By closely examining the training loop and the agent-environment interaction within that context, we should be able to pinpoint the issue. The fact that explicit actions are working as expected suggests that the environment is set up correctly, and the issue might lie in how actions are being processed or the state is being managed within the training loop.

You:

well didn’t we find the problem already, it’s the initial value of probs, that leads to left action at start, which gets stuck.

somehow every episode is run with same initial probabilities (NN weights i guess)

ChatGPT:

Ah, I see what you’re getting at. If the policy network consistently initializes in such a way that it prefers the LEFT action (especially early in training) and does not learn to adjust away from that suboptimal policy, the agent can get stuck, especially in the deterministic setting of is_slippery=False.

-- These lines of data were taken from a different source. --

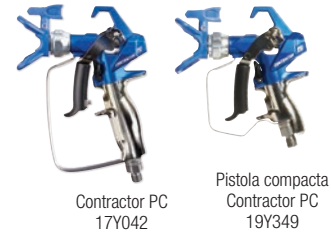

ACCESORIOS

DEDIQUE MENOS TIEMPO, HAGA MÁS DINERO

Maximice su rendimiento y pase al siguiente trabajo más rápido al personalizar su rociador con los accesorios probados de Graco.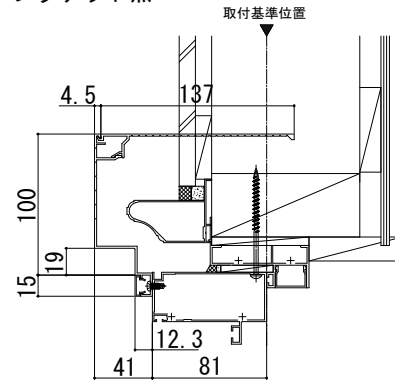

ドアリモ玄関ドアD30

■外額縁

●外額縁 (100)

ブラケット有

ブラケット無

●外額縁 (135)

ブラケット有

ブラケット無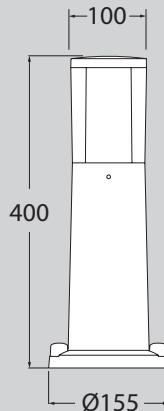

Lampă LED GU10
inclusă
CCT SET

Box: 12buc

Lampă LED GU10
inclusă
CCT SET

350
lm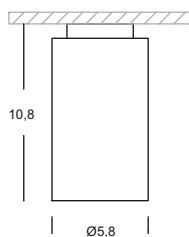

- 1 GFA472
- 2 GFA476
- m³ 0,001
- lamp. 1xGU10
- IP20
- CLASSE ENER. D → A⁺⁺

Lampadine utilizzabili e relative misure.
Bulbs and different heights.

GLA006
GU10
50W 220/240V

GLA090
GLA090N
GLA090C
LED GU10
4W 220/240V

GLA098
GLA098N
GLA098C
LED GU10
6W 220/240V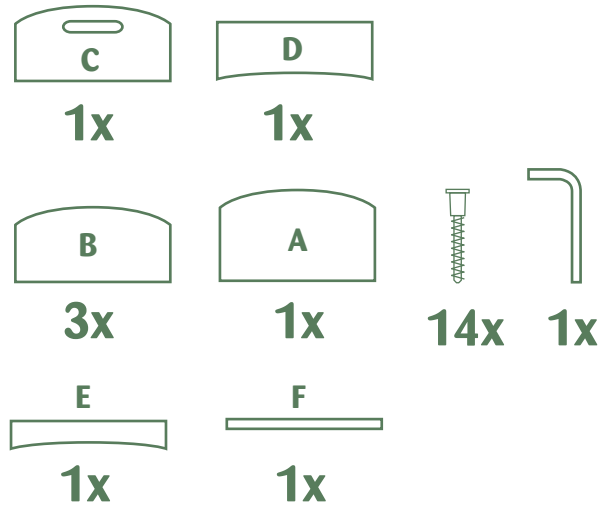

Trappan Monteringsinstruktioner

1

2

3

4

JELTEC
Gör jobbet lättare

Jeltec AB
Idögatan 35
58278 Linköping

www.jeltec.se
Tel: 013-14 83 00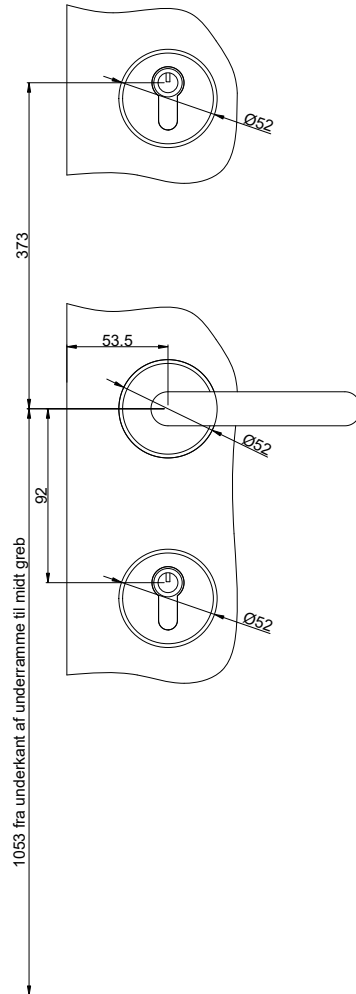

**Profil ekstra lås (SBD).
Udadgående / indadgående døre.**

**Profil låsekasse (SBD).
Udadgående / indadgående døre.**

**Profil cylinder udvendig/ vrider indvendig
(Outline standard)**

Udadgående døre

Indadgående døre

Outline
vinduer til tiden

Outline Vi
Fabriksvej
DK-9640 f
www.outli

Tegn. nr.	591-01	Målest
Int.		ARTGI
Rev. nr.		01
Rev. dato .		20-02-

Benævnelse:
TRÆ/ALU 3-lags
Beslånings.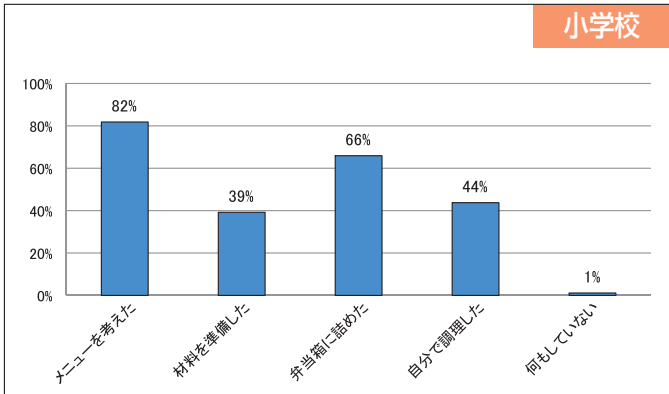

芸西
小学校

いのちの教室 小さいのちに触れました

6月21日、お二人の妊婦さんにお越しいただき、お話を聞いたり、お腹に触れさせてもらったり、4年生は「いのち」について学びました。小さいのちの力強い鼓動を感じ、体験後は助産師の有澤先生のお話をじっくりと聞くことができました。

妊婦さんのお腹は赤ちゃんがいる感じがして、「ドンッ」と動いたのですごく良かったです。
松本 朔弥

話を聞くと、「女の子が9月に生まれるよ」と教えてくれました。私は早く元気に生まれてほしいな—と思いました。
戎崎 蘭

人形は重くてびっくりしました。お母さんは私を命がけで産んでくれたことが分かりました。
筒井 美穂

児童の感想

赤ちゃんの人形を持ってみると、重かったです。お腹の中の赤ちゃんは心臓がどくどく動いていたので生きているんだなと思いました。
西村 優太

赤ちゃん人形を上手に抱っこできないと思ったけど、抱っこしたら「上手!」と言われて嬉しかったです。妊婦さんのお腹も触らせてもらえて良かったです。
岡村 成太

食育を楽しもう!! マイ弁当の日

子どもたちの食体験の機会をつくらうという趣旨から、平成22年度から始まった「マイ弁当の日」。今ではすっかり定番となりました。毎回アンケートをとって取組状況を検証していますが、徐々に前向きに取り組む家庭が増加していることが分かります。感想を読んでも、「次は～がしたい」「頑張って一緒に作ったので美味しかった」と意欲的な意見が多く、家庭での食育力の高まりを感じます。

次の「マイ弁当の日」は11月10日です。「一緒にお弁当を作る」ことを通して、食のありがたさや大切さを味わってみてください。

(※複数回答)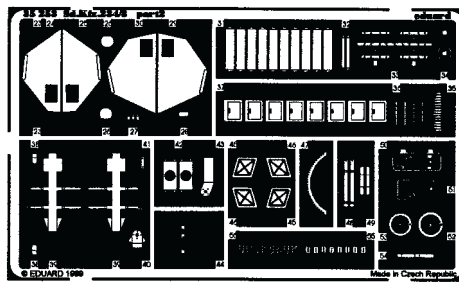

Sd.Kfz.234/3

1/35 scale detail set for Italeri kit

35 253

-  OPPOSITE SIDE
-  REMOVE
-  REPLACE
-  GRIND
-  BEND

Here are some possible solutions and checks:

• Network Initialization: The default initialization of weights in PyTorch’s Linear layer is Kaiming uniform. This might lead to biases in the initial action distributions. You can experiment with other initializations like Xavier (Glorot) or uniform distributions within a narrow range to see if they produce a more balanced initial action distribution.
• Learning Rate: If the learning rate is too small, the policy network might not be updating significantly between episodes. This would mean the initial bias in action selection persists across episodes. Try adjusting the learning rate.
• Reward Signals: Ensure that the agent is getting a clear reward signal that allows it to learn. If the agent isn’t receiving any positive reward or doesn’t get enough episodes where it happens to explore the right path by chance, it might not learn to adjust its policy.
• Epsilon-Greedy Exploration: While policy gradient methods naturally incorporate exploration through the stochastic nature of the policy, in environments where certain actions can result in no progress (like continuously going left in FrozenLake), it can be beneficial to add an epsilon-greedy exploration strategy on top of the policy network’s output, especially in the early phases of training.
• Baseline or Advantage: Pure REINFORCE can have high variance. Using a baseline or advantage function can reduce this variance, making learning more stable. This involves a bit more work, as you’ll need another network (or method) to estimate state values, but it can significantly stabilize and speed up training.
• Network Architecture: While the FrozenLake problem is simple, sometimes adding a bit of complexity to the network (like an additional hidden layer) can help in learning a good policy, especially if combined with techniques like batch normalization.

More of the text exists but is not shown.